Start of Material shown

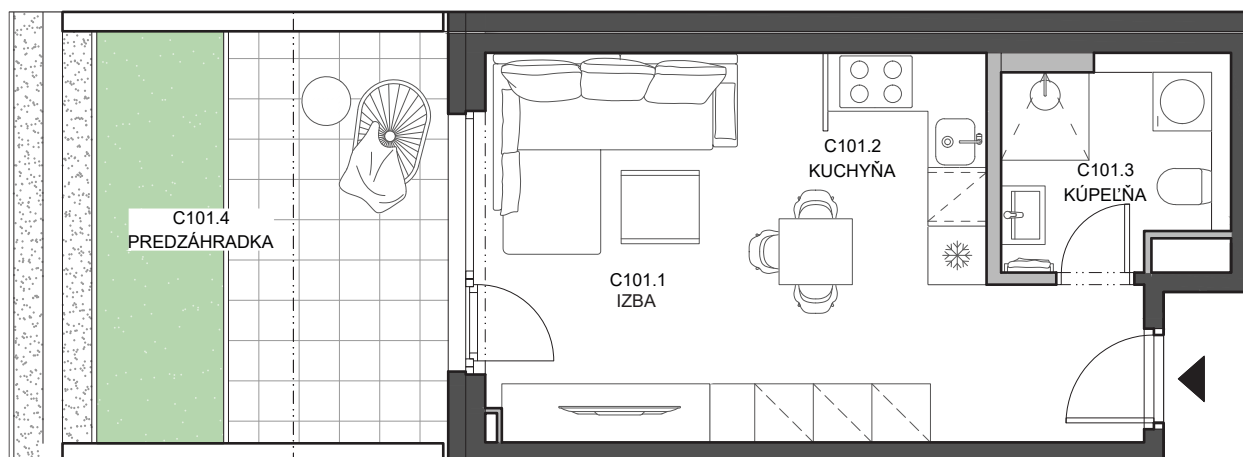

➤ **C101**

B09

1-izbový

1. nadzemné podlažie

#### Legenda miestností

C101.1	izba	19,06 m <sup>2</sup>
C101.2	kuchyňa	3,98 m <sup>2</sup>
C101.3	kúpeľňa	4,73 m <sup>2</sup>

**Výmera interiéru** 27,77 m<sup>2</sup>

C101.4	predzáhradka	16,67 m <sup>2</sup>
--------	--------------	----------------------

**Celková výmera** 44,44 m<sup>2</sup>
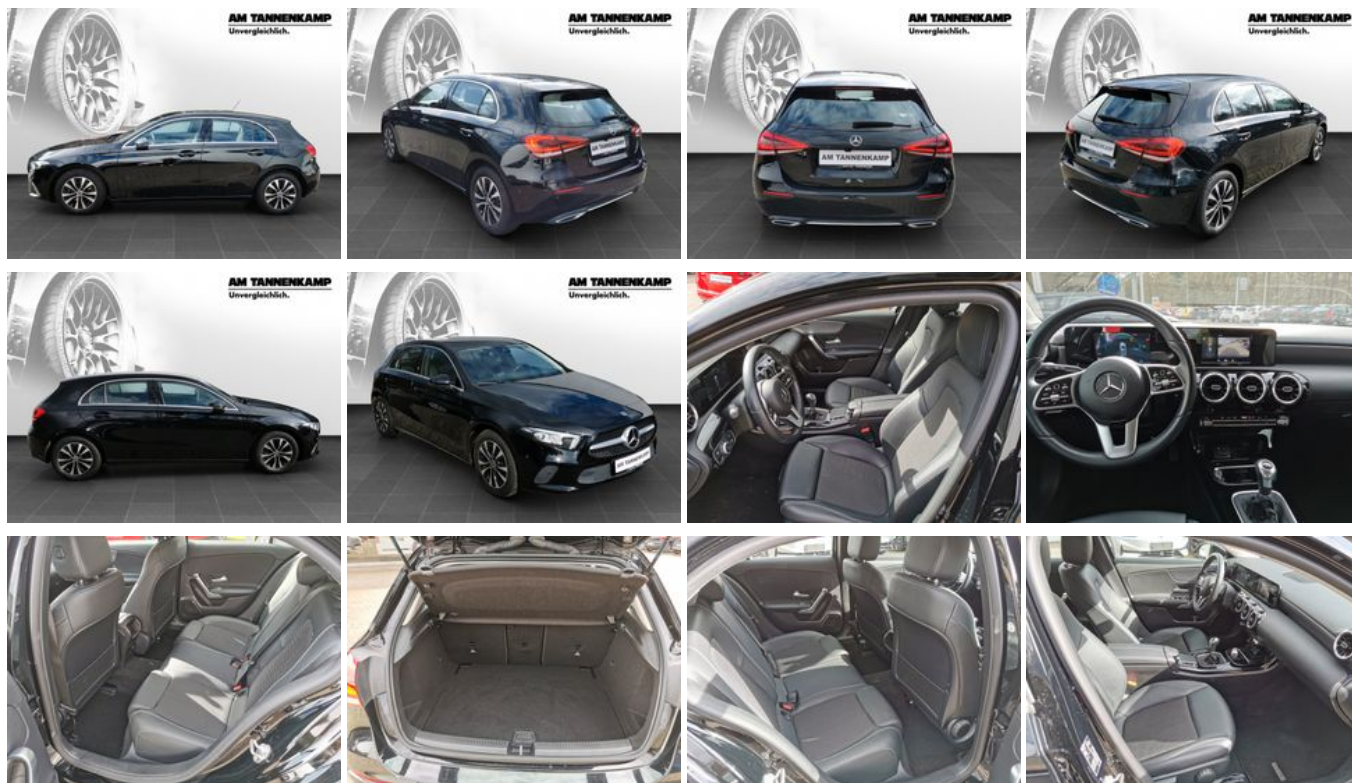

Fahrzeugausstattung

ABS	Allwetterreifen
Android Auto	Apple CarPlay
ArMLEhne	Berganfahrassistent
Bluetooth	Bordcomputer
ESP	Elektr. Fensterheber
Elektr. Seitenspiegel	Elektr. WegfahrsperrE
Freisprecheinrichtung	Garantie
Geschwindigkeitsbegrenzer	HU neu
Isofix	Klimaautomatik
Lederlenkrad	Leichtmetallfelgen
LichtsensOr	Lordosenstütze
Metallic	Multifunktionslenkrad
Musikstreaming integriert	Müdigkeitswarner
Navigationssystem	Nichtraucher-Fahrzeug
Notbremsassistent	Notrufsystem
Partikelfilter	Regensensor
Reifendruckkontrolle	Scheckheftgepflegt
Servolenkung	Sitzheizung
Sprachsteuerung	Spurhalteassistent
Start/Stop-Automatik	Touchscreen
Traktionskontrolle	USB
Verkehrszeichenerkennung	Volldigitales Kombiinstrument
Zentralverriegelung

End of Material shown

What the exercise asks: Sift the data above for lines with "Elektr", then copy each one.

Solution to the problem:
ESP	Elektr. Fensterheber
Elektr. Seitenspiegel	Elektr. WegfahrsperrE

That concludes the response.